А вы, Ген Дуардович, можете не беспокоиться, никто не собирается вас свергать, душить подушкой или отравлять. К вам со всем уважением, а многие — да-да, немалое число — с истинным сочувствием. Ведь травмы, подобные той, что вы перенесли, легко не проходят. Наша Хозяйка после своего исторического, а пожалуй, даже и поистине библейского подвига теперь всех призывает к вам относиться с товарищеским комсомольским тактом. Все знают, что вашу травму надо уважать, однако не пестовать ее, а постепенно, день за днем, изживать. С этой точки зрения ваша дружба с Ленкой Стомескиной вызывает у всех вокруг просто истинный восторг. Вы здорово гармонируете друг с другом, Ген. Даже разница в возрасте, сейчас, с началом ре-кон-ва-лес-цен-ции, не ощущается. Конечно, Ленка частенько отбывает по своим турнирным делам, однако это ведь совсем не мешает вашим взаимным чувствам, а, наоборот, оживляет какую-то советскую песню вашего возраста.

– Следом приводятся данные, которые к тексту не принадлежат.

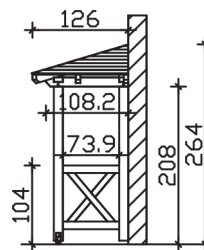

Massive Konstruktion aus Konstruktionsvollholz (KVH-Fichte)

Vordach
WISMAR
 258 x 126 cm

- Ständer 12 x 12 cm
- Pfetten 12 x 12 cm
- Sparren 6 x 12 cm
- 20 mm Dachschalung

Gestaltungsbeispiel

VORDACH WISMAR 258 x 126 cm

Datenblatt / Baubeschreibung

Material	KVH, Fichte
Farbbehandlung	Lasiert in Weiß
Pfostenstärke	12 x 12 cm
Aufstellbreite	258 cm
Aufstelltiefe	126 cm
Dachfläche	3,43 m ²
Dachneigung	22 °
Dacheindeckung	Dachschalung
Dachstärke	20 mm
Montageart	Wandanbau
Gesamthöhe hinten	264 cm
Gesamthöhe vorne	220 cm
Durchgangshöhe vorne	208 cm
Pfostenabstand Breite	200 cm
Oberfläche Holz	23 m ²
Nicht im Lieferumfang enthalten	Dübel für die Wandmontage und Wandanschlussprofil
Verpackungsmaße	Paket 1: 120 cm x 270 cm x 40 cm 231,0 kg
Artikelnummer	206544-11-31

EAN-Nummer 4018211017416

Garantie 5 Jahre gemäß unseren Garantiebedingungen

WISMAR
258 x 126 cm

Ansicht
vorne

Schnitt

Grundriss

WISMAR

258 x 126 cm

Schnitte und Ansichten Maßstab 1:100

Через годы, через расстоянья
На любой дороге, в стороне любой
Песня вам не скажет «до свиданья»,
Песня не прощается с тобой…
Все в порядке, Ген, отправляйся плавать, готовь себя к новым боям.
Все уже знали, что он сейчас в большом махровом халате пройдет мимо офиса Ашки, где уже порядочно набралось народу для уточнения задач ВЭЦ, то есть Временно Эвакуированного Центра. Проследует с псевдобеспечным видом — дескать, не зовете, ну и не надо. И все сделают вид, что за спорами не заметили президента. Пусть набирает сил Великий Ген после шока тюрьмы. Придет в себя и сам вгрызется в самую сердцевину. И все продолжат споры, делая вид, что не заметили и грустного взгляда Ашки, обращенного к удаляющейся стройной спине и мощным икроножным мускулам.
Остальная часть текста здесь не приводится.